CACAO + COLLAGEN SUPERFOOD CAKE
- 1/2 cup Cacao + Collagen
- 1/2 cup coconut flour
- 2 1/2 tsp gluten-free baking powder
- pinch of sea salt
- 6 organic eggs
- 1/2 cup organic maple syrup
- 100 ml extra virgin olive oil
- 125 ml of coconut milk
- 2 tsp vanilla bean paste
Keto Cacao Cream
- 1/3 cup whipping cream
- 1 tsp vanilla extract
- 60g 70% organic dark chocolate
- 1/4 cup coconut oil
- 1 tbsp Ancient + Brave Cacao + Collagen or cacao powder
- 1 tsp maple syrup
- 1/4 cup softened butter
For the cake
Preheat oven to 160°C / 320°F
Combine the Cacao + Collagen, coconut flour, baking powder and sea salt into a mixing bowl. Add the eggs, honey, vanilla, coconut milk and olive oil. Mix well until smooth and combined - a whisk works well for this. Pour into a 9-inch baking tin lined with baking paper.
Bake the cake for 55-60 minutes or until cooked through. Test after 45 mins as oven temperatures may vary. Remove from the oven and cool.
For the keto cacao cream
Whisk whipping cream and vanilla extract together until thickened. Set aside.
Melt chocolate and coconut oil together. whisk in cacao + collagen or cacao powder and melted
Stir softened butter into chocolate mixture.
Add chocolate mixture to whipped cream and blend until incorporated.
Refrigerate until set, about an hour.
Once the cake has cooled top with keto cacao cream and garnish with your favourite superfoods + berries!
COFFEE + COLLAGEN SUPERFOOD BALLS
For the chocolate balls
- 1 cup sprouted buckwheat (or a healthy digestive biscuit of your choice)
- ½ cup smooth almond butter
- 1 tsp Ancient + Brave Coffee + Collagen or instant espresso powder
- 8 fresh pitted dates
For the chocolate coating
- 100g 80% dark organic chocolate, melted
- Ancient + Brave Cacao + Collagen powder or organic cacao powder for dusting
- 1 tsp desiccated coconut
- Dried rose petals for decoration
- Crushed pistachio nuts for topping
- Goji Berries for sprinkling
Throw the buckwheat, almond butter, dates, and the Coffee + Collagen or instant espresso powder into the food processor and process until well combined.

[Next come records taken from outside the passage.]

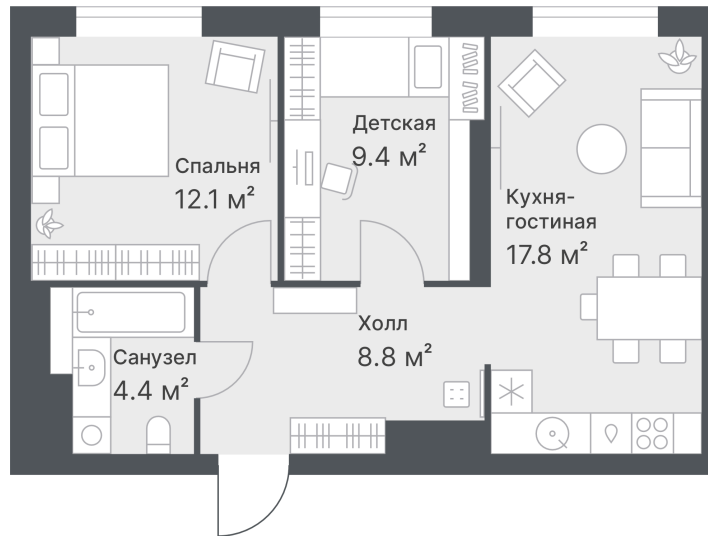

Номер: 210

2 комнатная 52.5 м²

Отсканируйте QR-код и
смотрите на сайте
72dom.com

8 770 000 руб.

Предчистовая отделка

1

Проект	ЖК Дружеский	Корпус	Дружеский, ГП1.1
Этаж	14	Секция	1
Сдача	2 кв. 2026		

20.04.2026 15:56 (Мск)
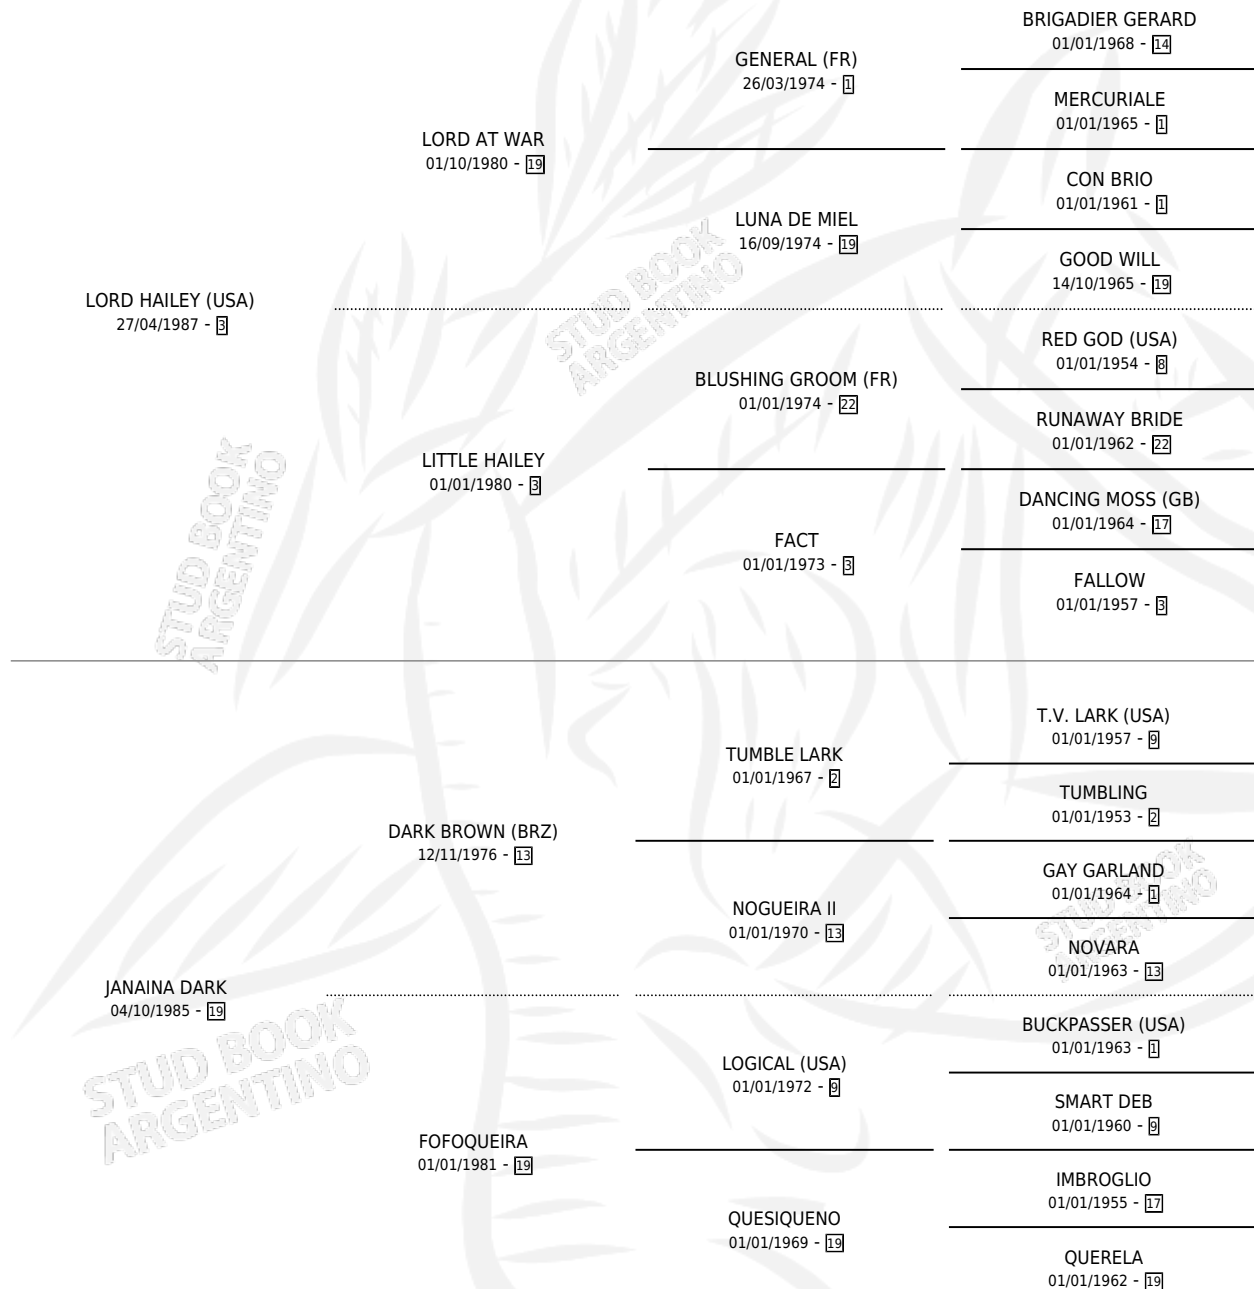

LORD JACK

por LORD HAILEY (USA) y JANAINA DARK por DARK BROWN (BRZ)

Argentina · Macho · Zaino · SP · 18/10/1995
Familia 19-c · Volumen 35

ESTADO

TIPIFICACIÓN SANGUÍNEA	✓
TIPIFICACIÓN POR ADN	✓
PASAPORTE	X
IDENTIFICACIÓN POR MICROCHIP	X
REPRODUCTOR	✓

Lugar de nacimiento: Los Prados
Criador: Los Prados

~

HIJOS

	MACHOS	HEMBRAS
1 NACIERON	1	0
SIN ACTUACIONES		

PEDIGREE

CAMPAÑA

Solo carreras oficiales de Argentina

POR EDAD
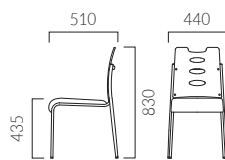

張地ランク

	5N・2N	VN・VD・VW
A	31,300	37,400
B	32,100	38,700
C	32,700	39,800
D	33,100	40,600
S	34,800	43,500
L	36,700	46,600
H	38,400	49,800

SI-5N レザー・B-15 (No.22)

リーピス B 荷物掛け付

張地ランク

	5N・2N	VN・VD・VW
A	31,300	37,400
B	32,100	38,700
C	32,700	39,800
D	33,100	40,600
S	34,800	43,500
L	36,700	46,600
H	38,400	49,800
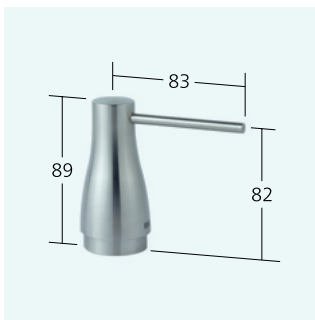

Seifenspender KWC EVE

KWC-Nr.

Z.536.063.000
ganzchrom
Naber Art. Nr. 5022127

Z.536.063.700
edelstahl
Naber Art. Nr. 5022128

Lightly wet your hands and scoop a teaspoon of the mix into the palm of your hand. Roll to form a smooth ball.
Place on a lined baking tray and refrigerate until set.
Drizzle or dip the truffles in the melted chocolate, sprinkle your choice of topping over the chocolate and allow to set. Serve on a beautiful plate with local wild edible flowers!
Present your delicious Mother’s Day gifts!